WORK TO BE COMPLETED: Could the lines from the start of the data through the line with "Key MAP View" be set down exactly, with no pictures among them?
━━━━━ PROVIDED ENTRIES
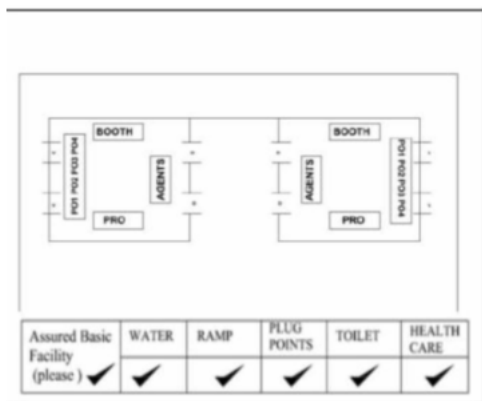

Google Map View

Polling Station Building Front View

Polling Station Front View

Cad View

Key MAP View

1 பெயர் : சரஸ்வதி - கணவர் பெயர்: காசி - வீட்டு எண் : 1 வயது : 71 பாலினம் : பெண் Photo is available	FZG1263169	2 பெயர் : பலராமன் - தந்தையின் பெயர்: கோவிந்தசாமி - வீட்டு எண் : 1 வயது : 67 பாலினம் : ஆண் Photo is available	NUS2327864	3 பெயர் : ஜெயபாலன் - தந்தையின் பெயர்: காந்தி - வீட்டு எண் : 1 வயது : 65 பாலினம் : ஆண் Photo is available	NUS0681783
4 பெயர் : சாந்தி - கணவர் பெயர்: பலராமன் - வீட்டு எண் : 1 வயது : 62 பாலினம் : பெண் Photo is available	NUS2327872	5 பெயர் : சரவணன் - தந்தையின் பெயர்: வைத்தியநாதன் - வீட்டு எண் : 1 வயது : 56 பாலினம் : ஆண் Photo is available	NUS0608778	6 பெயர் : லதா - கணவர் பெயர்: ஜெயபாலன் - வீட்டு எண் : 1 வயது : 55 பாலினம் : பெண் Photo is available	NUS0638247
7 பெயர் : சக்கரதரதேவ் - கணவர் பெயர்: அப்பாராவ் - வீட்டு எண் : 1 வயது : 55 பாலினம் : பெண் Photo is available	NUS0638262	8 பெயர் : திரிபுரசுந்தரி - கணவர் பெயர்: ராமநாதன் - வீட்டு எண் : 1 வயது : 55 பாலினம் : பெண் Photo is available	NUS1154251	9 பெயர் : ராஜீ - தந்தையின் பெயர்: குருமூர்த்தி - வீட்டு எண் : 1 வயது : 54 பாலினம் : ஆண் Photo is available	NUS0799965
10 பெயர் : தாடஷாயினி - தந்தையின் பெயர்: சரவணன் - வீட்டு எண் : 1 வயது : 52 பாலினம் : பெண் Photo is available	NUS1155316	11 பெயர் : ரமேஷ் - தந்தையின் பெயர்: பலராமன் - வீட்டு எண் : 1 வயது : 47 பாலினம் : ஆண் Photo is available	KRC2916047	12 பெயர் : குணசேகர் .க தந்தையின் பெயர்: கங்கமுத்து வீட்டு எண் : 1 வயது : 46 பாலினம் : ஆண் Photo is available	NUS2975639
13 பெயர் : தனசேகரன் - தந்தையின் பெயர்: திருவேங்கடம் - வீட்டு எண் : 1 வயது : 45 பாலினம் : ஆண் Photo is available	NUS0637769	14 பெயர் : பாலகிருஷ்ணன் - தந்தையின் பெயர்: பலராமன் - வீட்டு எண் : 1 வயது : 44 பாலினம் : ஆண் Photo is available	KRC2912962	15 பெயர் : சைலஜா சத்திஷ்பாபு - கணவர் பெயர்: சத்திஷ்பாபு - வீட்டு எண் : 1 வயது : 41 பாலினம் : பெண் Photo is available	NUS0681809
16 பெயர் : நெல்சன் - தந்தையின் பெயர்: பால்ராஜ் - வீட்டு எண் : 1 வயது : 38 பாலினம் : ஆண் Photo is available	NUS0681775	17 பெயர் : சுரேஷ் - தந்தையின் பெயர்: வேலுசாமி வீட்டு எண் : 1 வயது : 37 பாலினம் : ஆண் Photo is available	NUS0681742	18 பெயர் : கவிதா - தந்தையின் பெயர்: வேல்சாமி - வீட்டு எண் : 1 வயது : 36 பாலினம் : பெண் Photo is available	NUS0638320
19 பெயர் : தினேஷ்குமார் - தந்தையின் பெயர்: மணிமேகலை - வீட்டு எண் : 1 வயது : 36 பாலினம் : ஆண் Photo is available	NUS0638429	20 பெயர் : வைதேகி - தந்தையின் பெயர்: காந்தி - வீட்டு எண் : 1 வயது : 34 பாலினம் : பெண் Photo is available	NUS0681791	21 பெயர் : பிரியதர்ஷினி - தந்தையின் பெயர்: ராமநாதன் - வீட்டு எண் : 1 வயது : 33 பாலினம் : பெண் Photo is available	NUS1013267
22 பெயர் : மோகனபிரியா - கணவர் பெயர்: ராஜி - வீட்டு எண் : 1 வயது : 32 பாலினம் : பெண் Photo is available	NUS1803980	23 பெயர் : செளந்தரவள்ளி - தந்தையின் பெயர்: ஜெயபாலன் - வீட்டு எண் : 1 வயது : 32 பாலினம் : ஆண் Photo is available	NUS1318682	24 பெயர் : சுகன்யா - கணவர் பெயர்: சரவணன் - வீட்டு எண் : 1 வயது : 28 பாலினம் : பெண் Photo is available	NUS1804343
25 பெயர் : ஜெயலட்சுமி - கணவர் பெயர்: ரமேஷ் - வீட்டு எண் : 1-1 வயது : 47 பாலினம் : பெண் Photo is available	NUS0799940	26 பெயர் : சாந்தி - கணவர் பெயர்: பாலகிருஷ்ணன் - வீட்டு எண் : 1-1 வயது : 43 பாலினம் : பெண் Photo is available	NUS0799932	27 பெயர் : ராணி கணவர் பெயர்: நாகராஜ் வீட்டு எண் : 1/3 வயது : 43 பாலினம் : பெண் Photo is available	NUS2086742
28 பெயர் : வினோத் குமார் - தந்தையின் பெயர்: ஜெயபாலன் - வீட்டு எண் : 1A வயது : 35 பாலினம் : ஆண் Photo is available	NUS1620848	29 பெயர் : பிரேம்குமார் தந்தையின் பெயர்: புலேந்திரன் வீட்டு எண் : 2 வயது : 42 பாலினம் : ஆண் Photo is available	NUS2150928	30 பெயர் : செந்தில்குமாரி - தந்தையின் பெயர்: முத்துசாமி - வீட்டு எண் : 2-1 வயது : 44 பாலினம் : பெண் Photo is available	KRC8994428
━━━━━━━━━━
ANSWER FOR THIS EXERCISE:
Google Map View

Polling Station Building Front View

Polling Station Front View

Cad View

Key MAP View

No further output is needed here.